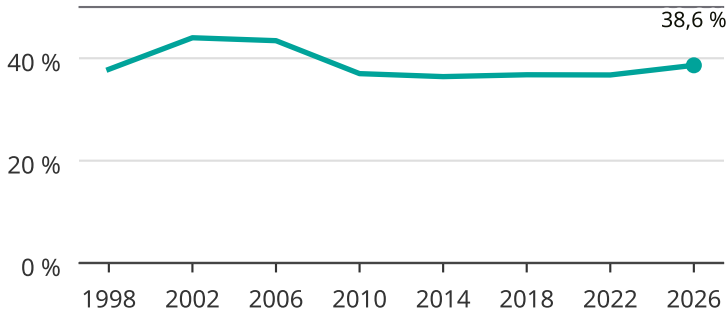

Kvinnor som kandiderar

Andel per val till kommunfullmäktige i Årjäng

Källa: SCB/Valmyndigheten. För 2026 gäller det anmälda kandidater
2026-06-15.
┄┄┄┄┄┄┄┄┄┄┄┄┄┄┄┄┄┄┄┄
*EXERCISE DETAILS:* Pictures are to be left out; all other data must be returned exactly.

*YOUR RESPONSE:*
Kvinnor som kandiderar

Andel per val till kommunfullmäktige i Årjäng

Källa: SCB/Valmyndigheten. För 2026 gäller det anmälda kandidater
2026-06-15.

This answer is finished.